[Source records]
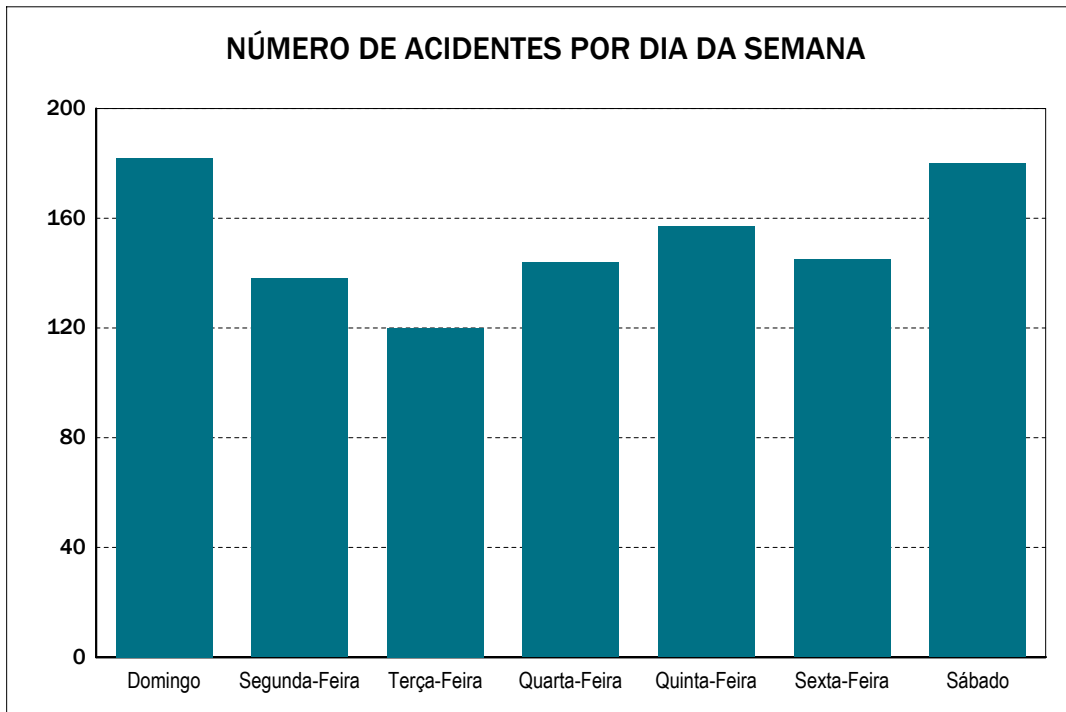

Emitido em 25-nov-2011

Quadro 0103 - NÚMERO DE ACIDENTES POR DIA DA SEMANA

UF: SÃO PAULO

Ano de 2010

DIA DA SEMANA	DISTRIBUIÇÃO MENSAL												
	TOTAL	Jan	Fev	Mar	Abr	Mai	Jun	Jul	Ago	Set	Out	Nov	Dez
Domingo	1.857	228	107	138	169	175	112	130	195	156	161	115	171
Segunda-Feira	1.723	125	104	174	143	165	125	114	158	154	140	169	152
Terça-Feira	1.744	128	113	144	131	118	167	152	170	153	123	189	156
Quarta-Feira	1.757	129	133	155	101	150	176	145	122	202	143	109	192
Quinta-Feira	1.914	162	173	102	182	146	149	186	126	159	141	131	257
Sexta-Feira	2.047	189	130	135	163	145	127	218	158	147	226	188	221
Sábado	1.967	165	114	164	137	224	126	185	131	170	216	172	163
Total	13.009	1.126	874	1.012	1.026	1.123	982	1.130	1.060	1.141	1.150	1.073	1.312

Emitido em 25-nov-2011

Quadro 0103 - NÚMERO DE ACIDENTES POR DIA DA SEMANA

UF: SERGIPE

Ano de 2010

DIA DA SEMANA	DISTRIBUIÇÃO MENSAL												
	TOTAL	Jan	Fev	Mar	Abr	Mai	Jun	Jul	Ago	Set	Out	Nov	Dez
Domingo	222	23	15	20	16	20	25	18	21	16	16	11	21
Segunda-Feira	212	12	17	21	18	26	19	13	17	18	10	17	24
Terça-Feira	175	14	10	17	10	14	19	7	20	15	16	21	12
Quarta-Feira	191	12	17	14	16	9	31	14	15	16	17	18	12
Quinta-Feira	213	27	24	10	24	14	11	21	13	19	18	11	21
Sexta-Feira	233	26	13	12	17	10	16	24	17	22	27	17	32
Sábado	212	28	10	12	18	24	14	20	14	13	19	18	22
Total	1.458	142	106	106	119	117	135	117	117	119	123	113	144

Emitido em 25-nov-2011

Quadro 0103 - NÚMERO DE ACIDENTES POR DIA DA SEMANA

UF: TOCANTINS

Ano de 2010

DIA DA SEMANA	DISTRIBUIÇÃO MENSAL												
	TOTAL	Jan	Fev	Mar	Abr	Mai	Jun	Jul	Ago	Set	Out	Nov	Dez
Domingo	182	8	14	25	15	30	7	7	20	19	17	14	6
Segunda-Feira	138	6	10	14	9	15	6	22	12	9	7	12	16
Terça-Feira	120	5	9	9	6	11	17	11	17	9	2	17	7
Quarta-Feira	144	9	9	19	7	9	11	10	6	15	17	8	24
Quinta-Feira	157	13	11	10	21	10	12	16	7	15	6	6	30
Sexta-Feira	145	13	9	12	16	10	7	16	8	22	14	5	13
Sábado	180	9	11	13	9	16	14	24	13	20	19	17	15
Total	1.066	63	73	102	83	101	74	106	83	109	82	79	111
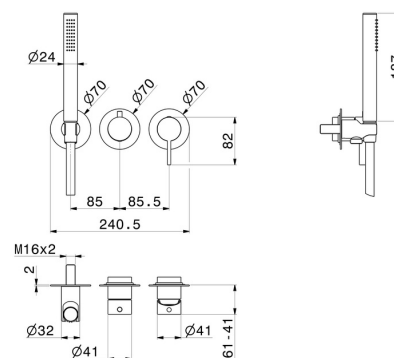

BLINK CHIC

71168E.58.063

Einbau-duscheinheit komplett mit handbrause und 2-wege-umstellung - ø70 - oberfläche PVD Gun Metal

Luxury. Außenteil

EIGENSCHAFTEN

Material	Messing
Technologie	Save Water
Installation	wandmontierte
Lochtyp	3 Loch
Umstellerart	mechanischer umstellung
Ausgänge	2 Wege
Wasservermischung	mechanische
Für die Installation erforderlich	<u>31086.00.000</u>

TECHNISCHE ZEICHNUNG

BLINK CHIC

71168E.58.063

Einbau-duscheinheit komplett mit handbrause und 2-wege-umstellung - ø70 - oberfläche PVD Gun Metal

VERFÜGBARE OBERFLÄCHEN

58.063

PVD Gun Metal

01.093

oberfläche PVD Pale Gold gebürstet

61.020

oberfläche PVD Glossy Gold
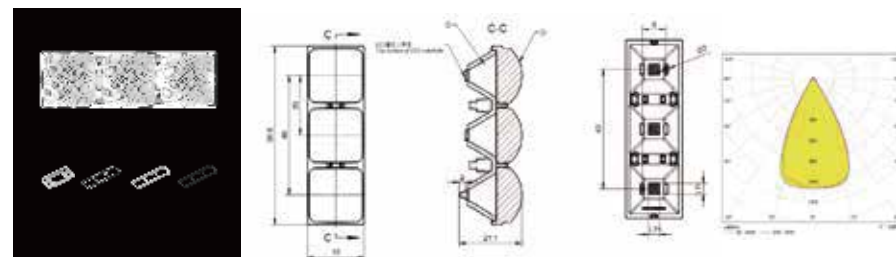

萤火-星空-19-3 IN 1-60

MN	1.01.33861
PN	HK-YHXK-60@21-60-3030-#0-1g-3_ASM
尺寸	59.8x19x21.1
LED	3030, 3535
角度	60°
透镜材料: PMMA 反光杯材料: PC 半电镀	
3 IN 1 支架1 (1.07.43945) 3 IN 1 支架2 (1.07.54599) 3 IN 1 格栅 (1.07.44046)
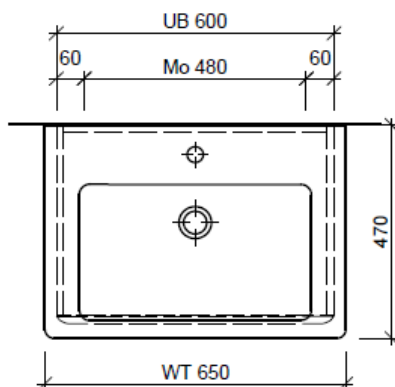

Artikel	1. Ausgabe	
Article	1. Edition	4-2017
Articolo	1. Edizione	
Art. No	SU 2-ASINO 65b	Mut. 5-2018

Unterbau SUBWAY 2 ASINO
Elément inférieur SUBWAY 2 ASINO
Elemento inferiore SUBWAY 2 ASINO

BÜHLMANN

Bühlmann AG Entlebuch
 Schreinerei Fenster Möbel
 CH-6162 Entlebuch

Tel. 041/482'00'20
 Fax 041/482'00'29
 www.bueag.ch

Typ SU 2-ASINO 65b

Eck-Reguliventil
 A = 45 mm

Legende:

Mo: Montagemaass
 UB: Unterbau
 WT: Waschtisch

Les dimensions en millimètre s'entendent sous réserve des tolérances d'usine, d'éventuelles modifications ultérieures, de même que de nouvelles possibilités de montage. La responsabilité ne peut être engagée en cas de cotes manquantes ou erronées (CD art. 100).

Le dimensioni in millimetri s'intendono fatte salve le tolleranze di fabbricazione, le eventuali modifiche successive e le ulteriori alternative di montaggio. Si declina qualsiasi responsabilità per le conseguenze legate a dimensioni errate o incomplete (art. 100 CO).
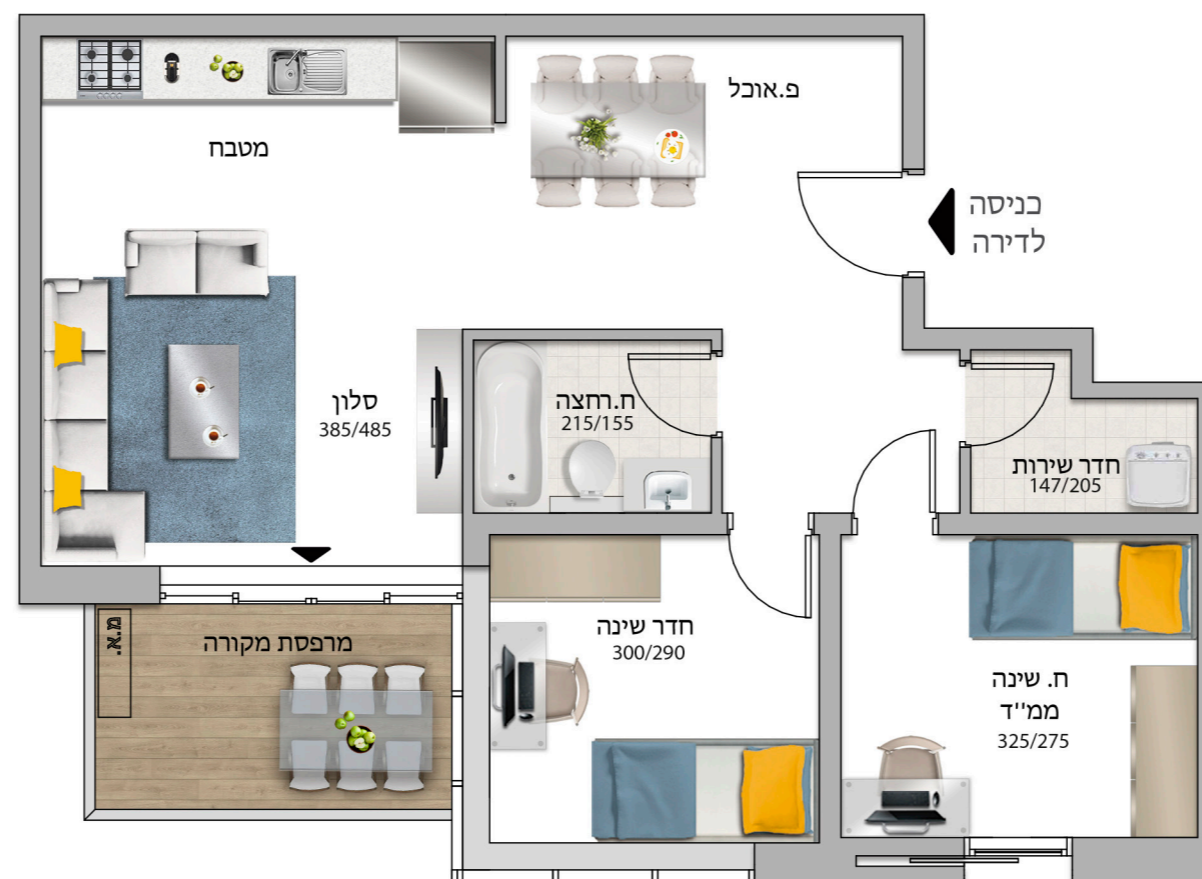

דגם 0

דירה מס' 12

קומה 3

3 חדרים

שטח דירה: 68 מ"ר

שטח מרפסת: 6 מ"ר

כיווני אוויר: מזרח

המוצג בפרוספקט/תכנית, לרבות ריהוט, אביזרים, משטחי שיש, סניטרי, וכן מידות והדמיות הינן לצורך המחשה בלבד. לחוזה המכר מצורפים מפרט טכני ותוכניות והם בלבד מחייבים את החברה ט.ל.ח.
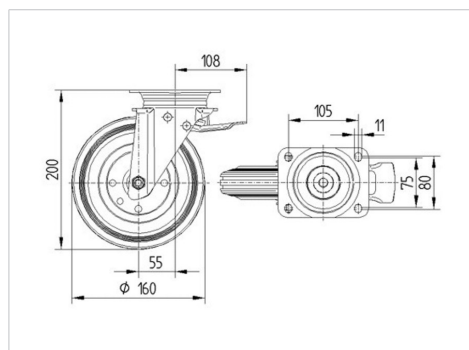

Dimensions

_PROBLEM TO WORK ON_. Search the entries for the word "Unterbau" and copy every line that holds it.

_ANSWER SECTION_.
Unterbau SUBWAY 2 ASINO
 UB: Unterbau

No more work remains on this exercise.